TRY IT
Report all lines of the data below that hold the word "rupa".

(Saved data entries)
= = = = =
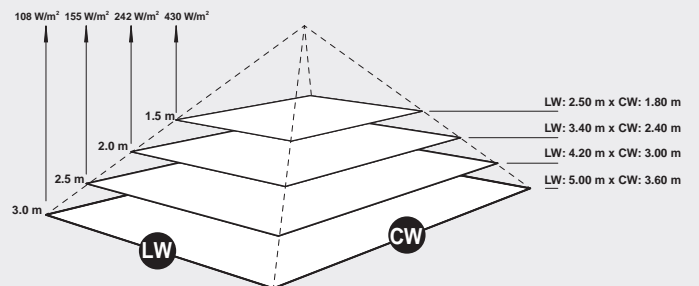

Wärmeleistung | thermal output

Zubehör | accessories

4-Kanal Handsender Solamagic
4 channel handheld transmitter Solamagic

Farbe | colour Art.-Nr. | item-No.

- ☐ titan | titanium 9100597

BT-4-Kanal Handsender HT4 |
BT-4 channel handheld transmitter HT4

Farbe | colour Art.-Nr. | item-No.

- ☐ titan | titanium 9100792
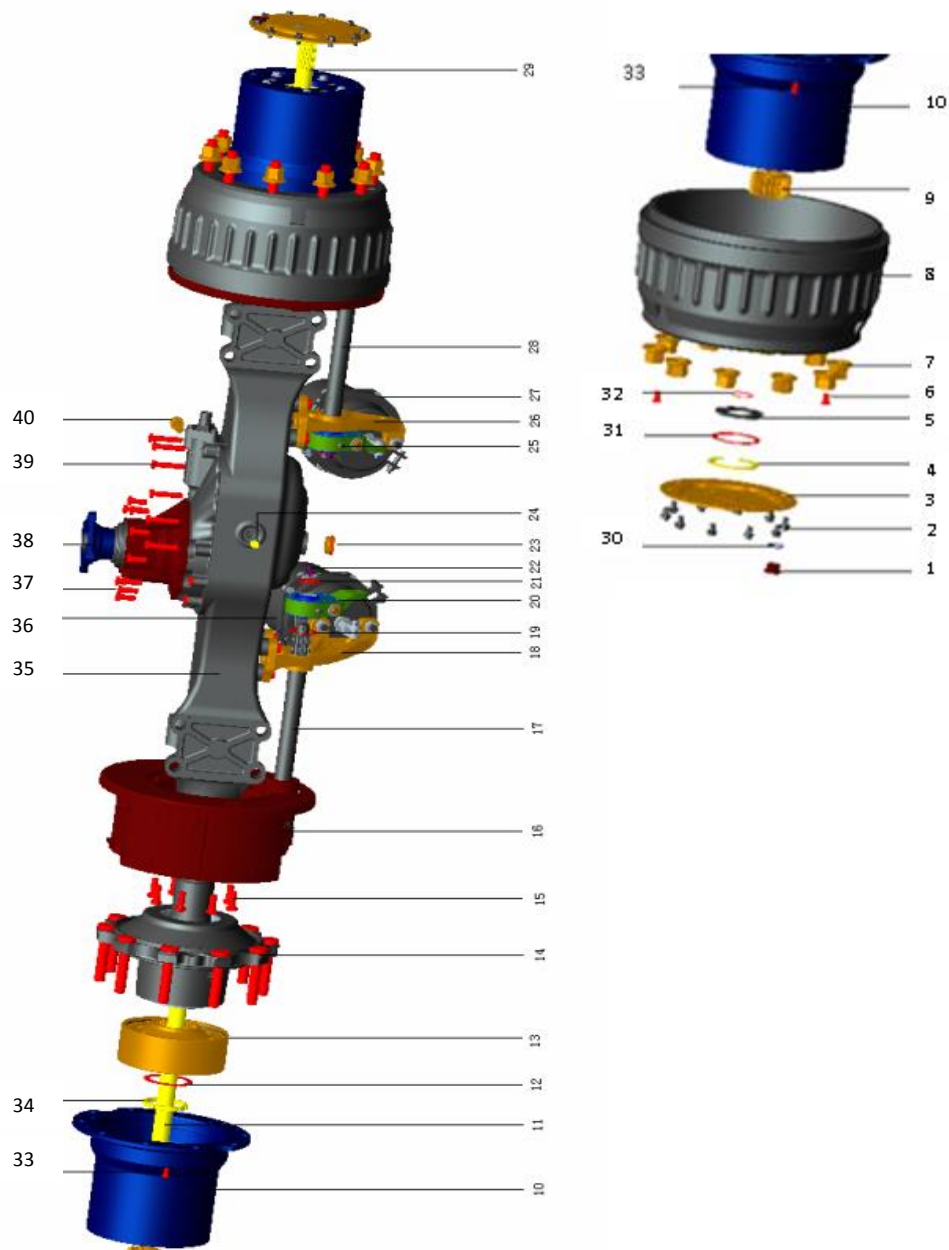

Item	EAN	Nombre	Cant
21	PLU	Arandela Ajuste	2
24	7701023558228	Tapon Drenaje Troque Tras CA9	1
25	PLU	Rache Freno LH	2
26	PLU	Soporte Camara de Aire LH	1
27	PLU	Camara de Aire LH	1
28	PLU	Leva Freno Trasera LH	1
29	PLU	Semieje Trasero LH	1
33	7701023706964	Tornillo Seguro Campana CF	4
34	PLU	Tuerca Ajuste	2
35	PLU	House Trasero	1
36	PLU	Camara de Aire RH	1
37	PLU	Tornillo Cabeza Hexagonal	20
38	7705946210485	Diferencial Trasera V4x4Cm	1
39	PLU	Tornillo de Cabeza Hexagonal	6
40	7701023552387	Respira Troque Trasero CA9.V6x4Cm	1
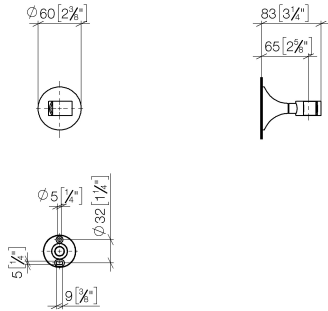

28 050 809

- Rosette Ø 60 mm

	Champagne (22kt Gold)	28 050 809-47
	Chrom	28 050 809-00
	Platin gebürstet	28 050 809-06
	Platin	28 050 809-08
	Dark Chrome	28 050 809-19
	Messing gebürstet (23kt Gold)	28 050 809-28
	Bronze gebürstet	28 050 809-42
	Champagne gebürstet (22kt Gold)	28 050 809-46
	Dark Platinum gebürstet	28 050 809-99

28 050 809

mm [inches]

28 050 809

Ersatzteile für die
anderen
Oberflächenvarianten
finden Sie hier:
Chrom

Ersatzteilstückliste

Nr.	Artikelnummer	Benennung	Verbaumenge	Lieferzeit
1	05 30 31 025 00 90	Befestigungssatz	1	2
2	90 17 20 759 00 90	Scheibe	1	2
3	09 14 15 022 90	Ring	1	2
4	09 30 30 057 90	Schraube	1	2
5	09 30 11 024 90	Scheibe	1	2
6	09 12 12 213 90	Rastbuchse	1	2
7	90 18 40 035 00 90	Huelse	1	2
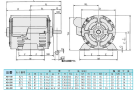

#### 仕様

メーカー	ムライ機器	型番	SC-KR250W・4P
型式	SC-KR		
横形			
始動方式	コンデンサ始動形単相モーター	極数	4極
出力	250W	電圧	100V
わく番号	B71	定格	連続
絶縁	E	定格電流	50Hz: 6.8A、60Hz: 5.9A
定格回転速度	50Hz: 1430rpm、60Hz: 1720rpm		
トルク特性が良好で、特に始動トルクが大きいモーターです。			
サイズ(W×D×H)mm	221×148×170		
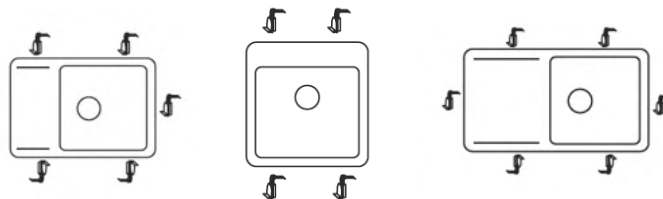

Dimenzije: 460x520x215

Minimalna širina kuh. elementa: 50 cm

Način instalacije: Ugradni

Opcije ugradnje: Više (levo/centralno/desno)

Sifon: automatski push sifon, MILÓ SPACE SAVER sistem, više prostora u elementu ispod sudopere

3 moguće pozicije rupa za slavinu i dodatke
(Bušenje rupa CNC mašinom)

Hrom sifon

AUTOMATSKI PUSH SIFON

MONTAŽA (STEGE)

MILÓ sudopere dolaze sa stegama (kukicama) za montažu.

VIDEO UPUTSTVO ► <http://youtu.be/QTolIE5V7M>
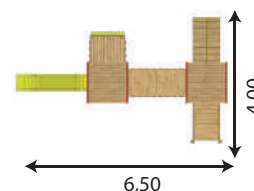

Modèle Castel

Module comprenant :

- 2 kits poteaux tour
- 2 planchers
- 2 toitures 2 pans
- 1 tour annexe
- 3 garde-corps
- 1 fermeture
- 1 escalier
- 1 plan incliné
- 1 passage fixe
- 1 table pique-nique
- 1 bac à sable et son couvercle
- 1 mur d'escalade
- 1 toboggan*
- 1 magasin*

JT007
= = = = =
OUTPUT BELOW
3 moguće pozicije rupa za slavinu i dodatke
(Bušenje rupa CNC mašinom)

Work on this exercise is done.